広島のNPO法人で、犬猫の保護活動を行っているが、震災後すぐに南相馬市に向かい、現状を目の当たりして支援の必要を確信し、バスをチャーターして餌や水を大量に積み、犬猫を捕獲して回った。長期支援を覚悟し、広島から栃木県那須市に移り住み2,500m²の土地を借り、私財を投じて保護施設を開始した。避難施設に住む被災者や遠方に住む親族からの依頼による保護の要請が増えている。現在保護施設の近隣に迷惑料を払い、ドッグランと冷暖房を備えた施設に1,133頭の犬猫を保護、育成している。

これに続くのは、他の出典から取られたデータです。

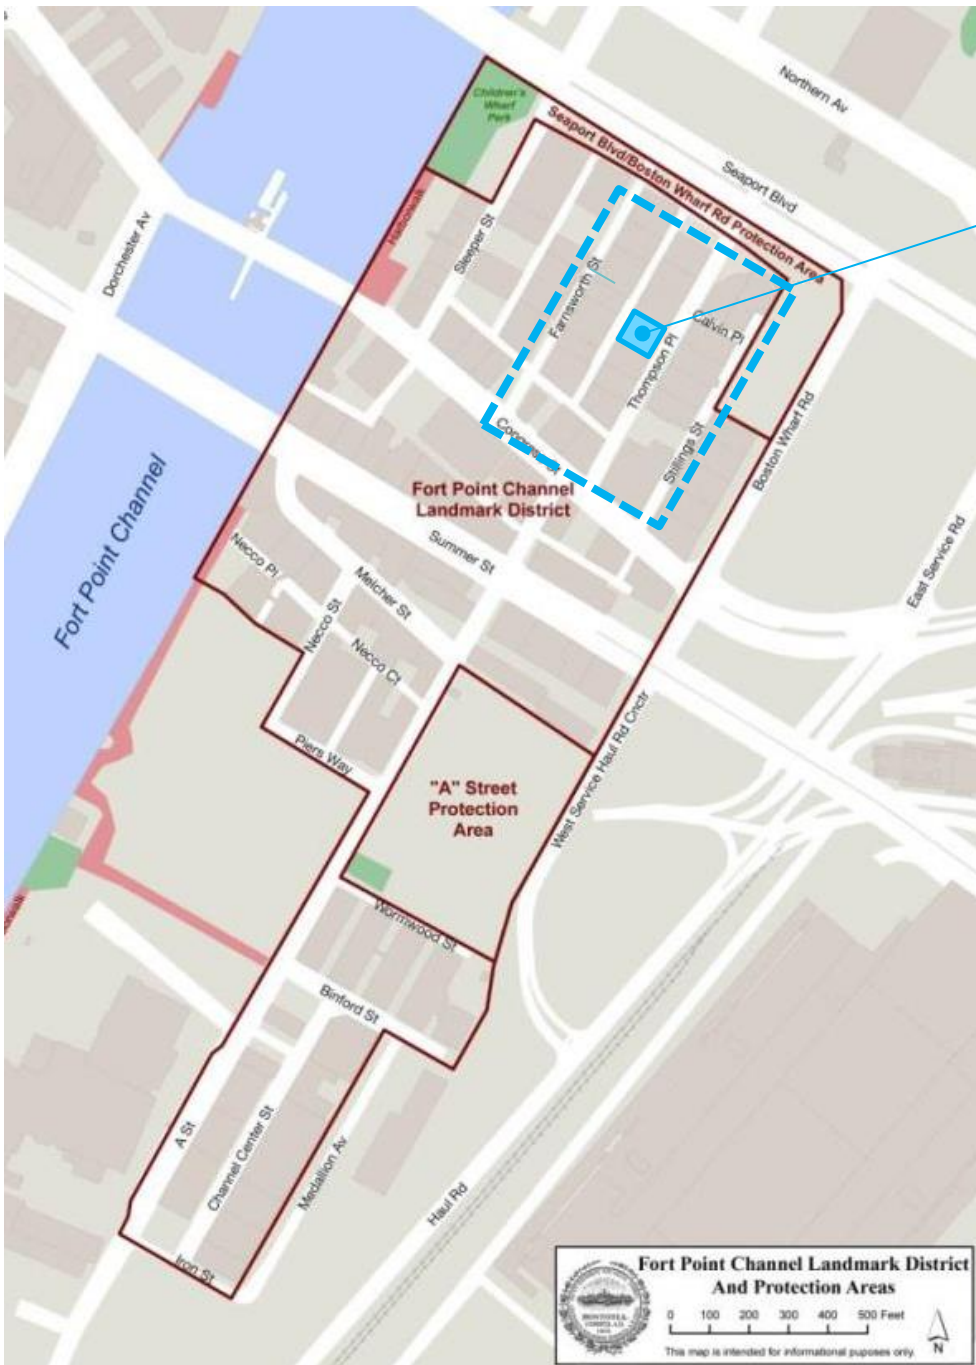

Sally's A P I Z Z A

EXTERIOR SIGNAGE SUBMISSION
30 THOMSON PLACE

30 THOMSON PLACE

PROJECT LOCATION MAP

FORT POINT CHANNEL LANDMARK DISTRICT

06.17.2025

EXISTING CONDITION PHOTOS

06.17.2025

PROPOSED RENDERED VIEWS OF SIGN (DAY & NIGHT)

06.17.2025

Proposed Storefront
Temporary Signage
(shown during Day only)

EXISTING CONSTRUCTION CRAFT PAPER TO BE REPLACED WITH
TEMPORARY BLACKOUT VINYL
WITH RESTAURANT NAME & LETTERING

PROPOSED RENDERED VIEWS OF SIGN (DAY & NIGHT)

06.12.2026

Proposed Storefront
Day

VINYL LETTERING ON DOOR TO BE
SEMI-TRANSLUCENT

Proposed Storefront
Night

PROPOSED RENDERED VIEWS OF SIGN (DAY & NIGHT)

06.12.2026

あと1年は広島に戻らず活動を継続する予定。

推薦者:公益財団法人 社会貢献支援財団

東日本大震災が起きた翌日の3月12日。

その日は私が代表を務めるNPO法人・犬猫みなしご救援隊スタッフの食事会の日でした。

食事会ができるほど平穏な中に居た私は、その席でスタッフたちに言いました。

「東北へ犬猫の救助に行きたい」その時、私自身、どこまで本気で考えていたか今でもわかりません。

ただ、行きたかったのです。何の計画もないけど行きたかったのです。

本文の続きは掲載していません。